Since May last year, the Reserve Bank has raised the cash rate by 300 basis points from 0.1% to 3.1%. This week the Bureau of Statistics estimated that led to a 61% increase in the cost of repaying a mortgage for the typical employee household.

Today we see just how massive the impact has been on the demand for new housing loans.

In December alone there was a 4.3% fall in the value of housing loans. Over the course of 2022, the value of housing loans fell 29%. This absolutely brutal data shows contracting lending across the board. Owner-occupier lending is down 30% in the past year, investor lending is also down 28% while first-home buyer loans are down 36%.

We know from previous experiences of credit crunches of such magnitude, that there is a very strong likelihood of a big decrease in spending and activity to come.

The total number of new home loans taken out in December is now back at levels seen prior to the pandemic in 2019. It is easy to forget given the past three years, but in 2019 the economy was faltering and the Reserve Bank needed to cut interest rates from 1.5% in May 2019 to 0.75% in October. Back then the Reserve Bank was concerned that the level of borrowing was a sure sign that the economy was slowing and the risk of a recession was rising.

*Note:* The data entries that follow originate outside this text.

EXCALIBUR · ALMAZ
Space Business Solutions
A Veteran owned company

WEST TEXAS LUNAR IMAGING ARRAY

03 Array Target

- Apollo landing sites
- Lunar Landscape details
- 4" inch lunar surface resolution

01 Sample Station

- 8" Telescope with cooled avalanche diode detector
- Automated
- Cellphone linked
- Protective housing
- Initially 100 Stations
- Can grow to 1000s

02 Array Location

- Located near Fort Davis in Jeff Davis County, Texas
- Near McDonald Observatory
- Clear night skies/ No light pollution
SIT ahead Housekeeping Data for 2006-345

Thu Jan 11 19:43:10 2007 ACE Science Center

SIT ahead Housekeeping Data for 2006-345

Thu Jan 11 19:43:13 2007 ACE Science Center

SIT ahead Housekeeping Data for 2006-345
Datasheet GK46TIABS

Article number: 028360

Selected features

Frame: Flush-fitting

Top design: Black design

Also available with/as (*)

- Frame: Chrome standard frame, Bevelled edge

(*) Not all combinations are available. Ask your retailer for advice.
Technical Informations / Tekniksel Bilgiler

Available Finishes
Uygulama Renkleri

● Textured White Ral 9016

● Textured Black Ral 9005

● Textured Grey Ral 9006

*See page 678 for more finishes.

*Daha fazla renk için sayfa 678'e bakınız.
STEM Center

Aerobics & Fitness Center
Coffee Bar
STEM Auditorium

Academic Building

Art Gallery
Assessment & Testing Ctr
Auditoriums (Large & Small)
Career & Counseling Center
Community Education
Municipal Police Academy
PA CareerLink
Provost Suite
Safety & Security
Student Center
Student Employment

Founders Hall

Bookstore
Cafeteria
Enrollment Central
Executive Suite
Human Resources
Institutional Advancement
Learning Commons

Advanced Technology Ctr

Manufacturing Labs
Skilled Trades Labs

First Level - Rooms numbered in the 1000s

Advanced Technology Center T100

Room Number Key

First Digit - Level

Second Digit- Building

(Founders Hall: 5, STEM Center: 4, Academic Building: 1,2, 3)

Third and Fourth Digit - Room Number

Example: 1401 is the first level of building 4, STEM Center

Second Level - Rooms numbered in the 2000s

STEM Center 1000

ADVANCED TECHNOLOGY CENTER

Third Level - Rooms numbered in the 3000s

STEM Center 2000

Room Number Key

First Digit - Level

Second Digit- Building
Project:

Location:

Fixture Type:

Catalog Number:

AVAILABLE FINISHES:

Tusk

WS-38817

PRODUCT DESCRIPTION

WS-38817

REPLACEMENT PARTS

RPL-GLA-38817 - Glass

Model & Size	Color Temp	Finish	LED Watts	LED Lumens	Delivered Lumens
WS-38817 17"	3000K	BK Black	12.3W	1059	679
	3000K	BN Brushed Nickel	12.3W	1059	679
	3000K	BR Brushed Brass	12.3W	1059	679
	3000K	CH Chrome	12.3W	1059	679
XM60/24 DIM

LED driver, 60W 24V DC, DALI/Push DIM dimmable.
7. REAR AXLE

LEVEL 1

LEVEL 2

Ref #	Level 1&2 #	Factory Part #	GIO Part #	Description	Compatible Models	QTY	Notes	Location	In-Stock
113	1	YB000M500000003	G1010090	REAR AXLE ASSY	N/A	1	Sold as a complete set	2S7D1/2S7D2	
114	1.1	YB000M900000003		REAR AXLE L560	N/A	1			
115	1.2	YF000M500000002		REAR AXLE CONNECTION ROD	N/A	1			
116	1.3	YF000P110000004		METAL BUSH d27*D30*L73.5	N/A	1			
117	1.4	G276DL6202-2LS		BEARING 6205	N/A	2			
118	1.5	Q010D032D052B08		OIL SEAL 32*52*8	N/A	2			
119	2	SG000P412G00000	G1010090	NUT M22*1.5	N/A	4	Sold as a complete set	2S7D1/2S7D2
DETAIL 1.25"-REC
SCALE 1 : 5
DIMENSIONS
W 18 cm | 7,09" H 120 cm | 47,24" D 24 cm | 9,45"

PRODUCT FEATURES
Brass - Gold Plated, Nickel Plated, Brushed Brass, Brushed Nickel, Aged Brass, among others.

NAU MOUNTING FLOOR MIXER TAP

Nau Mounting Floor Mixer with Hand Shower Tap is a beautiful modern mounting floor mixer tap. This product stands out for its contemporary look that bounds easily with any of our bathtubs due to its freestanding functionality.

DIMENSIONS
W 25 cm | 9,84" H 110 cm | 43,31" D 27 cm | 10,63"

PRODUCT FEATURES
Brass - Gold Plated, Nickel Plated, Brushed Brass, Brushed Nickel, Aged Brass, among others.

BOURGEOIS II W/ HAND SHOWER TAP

This time the Reserve Bank itself has created the collapse of borrowing.

In the past, this fall in housing finance would be consistent with a 7% drop in house prices – one of the biggest annual falls Australia would have experienced in recent memory.

Off the back of data showing a fall in retail spending in December, this is just more evidence that the RBA should not raise the cash rate next week.

Australia’s economy is already slowing and any further rate rises very much risk pushing the economy off a cliff.